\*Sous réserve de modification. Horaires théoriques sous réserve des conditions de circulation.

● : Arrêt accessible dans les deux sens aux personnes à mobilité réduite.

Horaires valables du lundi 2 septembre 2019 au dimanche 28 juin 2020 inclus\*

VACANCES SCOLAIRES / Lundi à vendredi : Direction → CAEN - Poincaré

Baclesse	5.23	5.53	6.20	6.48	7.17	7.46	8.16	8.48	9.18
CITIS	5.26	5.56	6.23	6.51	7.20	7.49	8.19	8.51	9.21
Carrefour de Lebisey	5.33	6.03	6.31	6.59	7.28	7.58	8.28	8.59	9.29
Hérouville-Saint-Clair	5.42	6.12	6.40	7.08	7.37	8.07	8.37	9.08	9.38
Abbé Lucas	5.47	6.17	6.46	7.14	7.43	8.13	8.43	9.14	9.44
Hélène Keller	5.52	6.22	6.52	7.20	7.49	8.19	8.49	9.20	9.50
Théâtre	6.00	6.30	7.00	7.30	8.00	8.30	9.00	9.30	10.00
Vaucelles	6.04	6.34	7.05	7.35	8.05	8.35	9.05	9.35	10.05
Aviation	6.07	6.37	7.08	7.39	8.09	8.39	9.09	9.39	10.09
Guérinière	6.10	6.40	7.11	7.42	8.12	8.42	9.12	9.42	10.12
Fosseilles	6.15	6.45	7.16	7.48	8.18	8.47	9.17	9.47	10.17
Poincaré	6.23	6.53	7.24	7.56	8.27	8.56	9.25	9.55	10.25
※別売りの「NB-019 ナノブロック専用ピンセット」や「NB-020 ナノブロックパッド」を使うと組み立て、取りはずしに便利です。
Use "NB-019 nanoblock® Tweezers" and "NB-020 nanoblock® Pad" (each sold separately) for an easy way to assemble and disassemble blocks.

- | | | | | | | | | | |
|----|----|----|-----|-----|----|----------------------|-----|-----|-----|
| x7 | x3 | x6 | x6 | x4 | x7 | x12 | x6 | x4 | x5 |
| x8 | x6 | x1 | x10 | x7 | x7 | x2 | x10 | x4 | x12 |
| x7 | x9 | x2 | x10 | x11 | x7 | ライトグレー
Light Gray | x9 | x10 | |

====

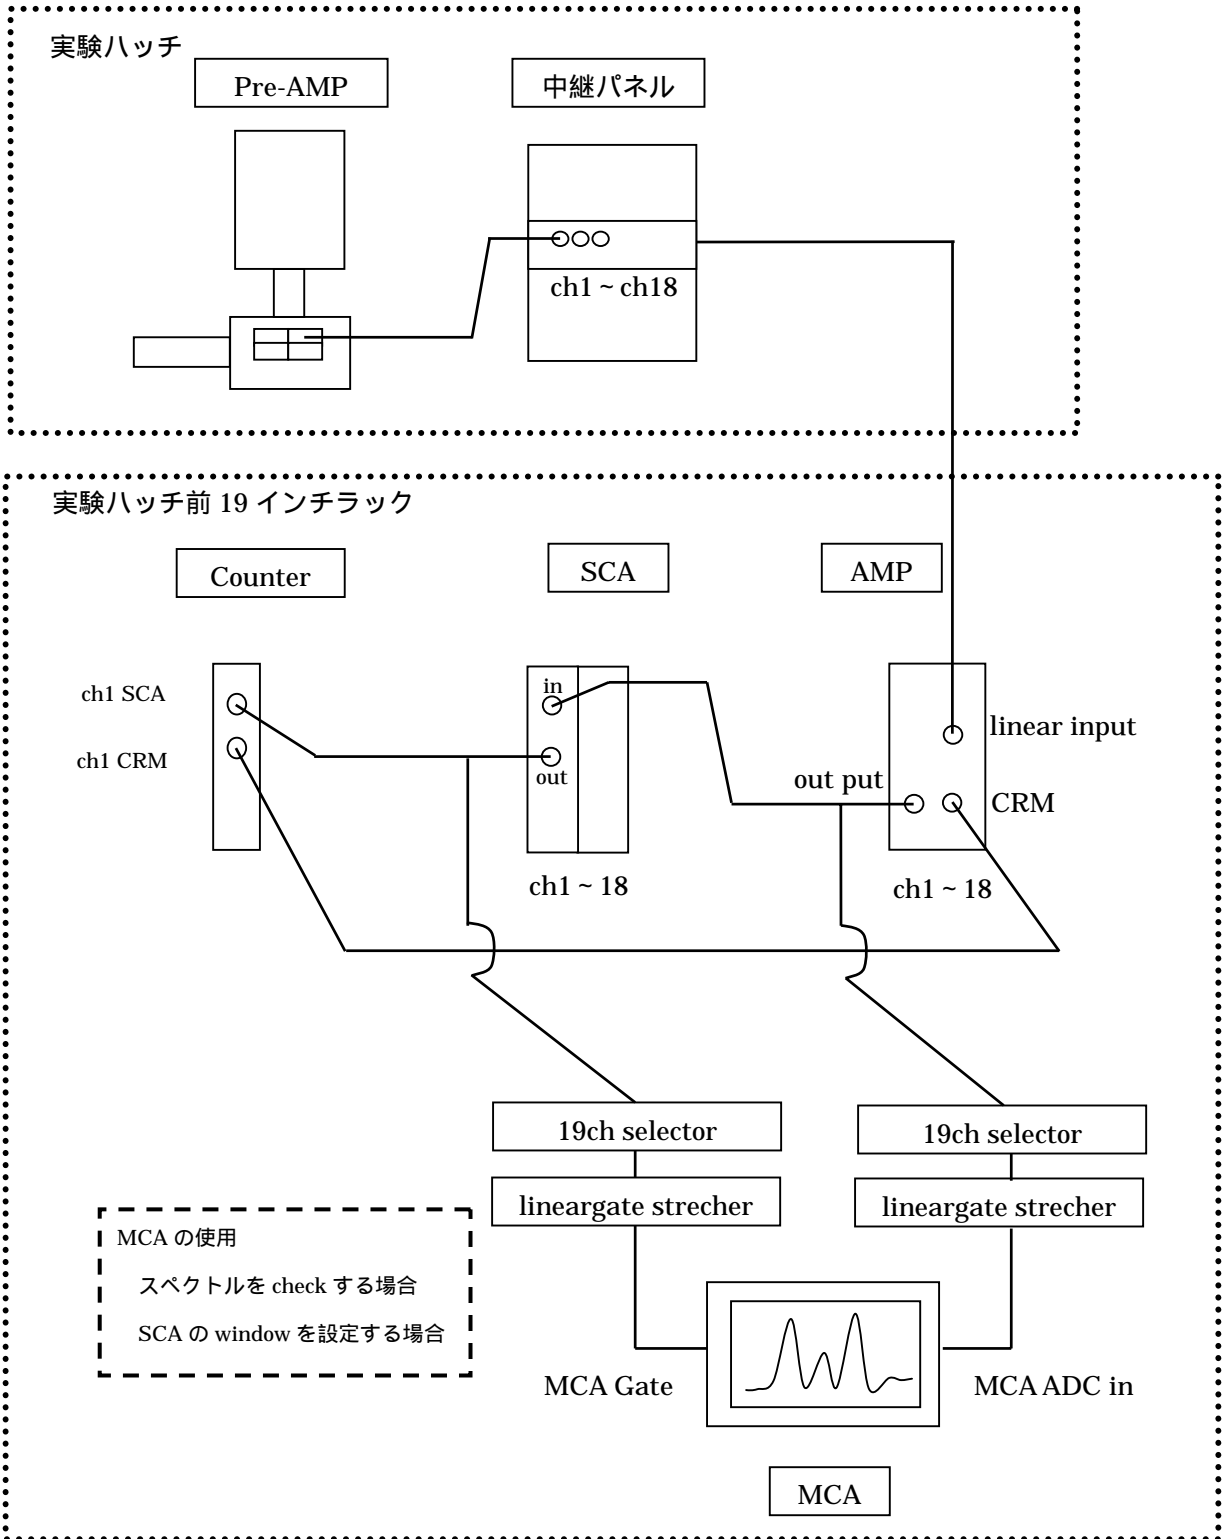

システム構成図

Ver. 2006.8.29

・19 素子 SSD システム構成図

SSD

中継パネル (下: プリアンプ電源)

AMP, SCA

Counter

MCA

====

§ Your task
Look over the records above and copy each line that includes the string "Poincaré".

§ Response
VACANCES SCOLAIRES / Lundi à vendredi : Direction → CAEN - Poincaré
Poincaré	6.23	6.53	7.24	7.56	8.27	8.56	9.25	9.55	10.25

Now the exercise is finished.